**STORED DATA**
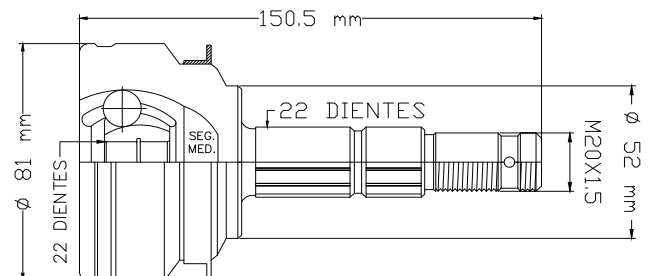

**51 TMCVG9973 S/ABS LADO IZQ/DER**

CUTLASS AUT 92-94  
GRAND PRIX AUT 88-93

**52 TMCV0040 S/ABS LADO IZQ/DER**

RR-9030 / CV-420 / 2748001

CORSA 02-08  
TORNADO 1.8L 04-10  
CHEVY MAN 06-12

**LADO RUEDA**

tmk

**WHAT IS NEEDED**
Retype each entry exactly. No pictures.

**SOLUTION**
**51 TMCVG9973 S/ABS LADO IZQ/DER**

CUTLASS AUT 92-94  
GRAND PRIX AUT 88-93

**52 TMCV0040 S/ABS LADO IZQ/DER**

RR-9030 / CV-420 / 2748001

CORSA 02-08  
TORNADO 1.8L 04-10  
CHEVY MAN 06-12

**LADO RUEDA**

tmk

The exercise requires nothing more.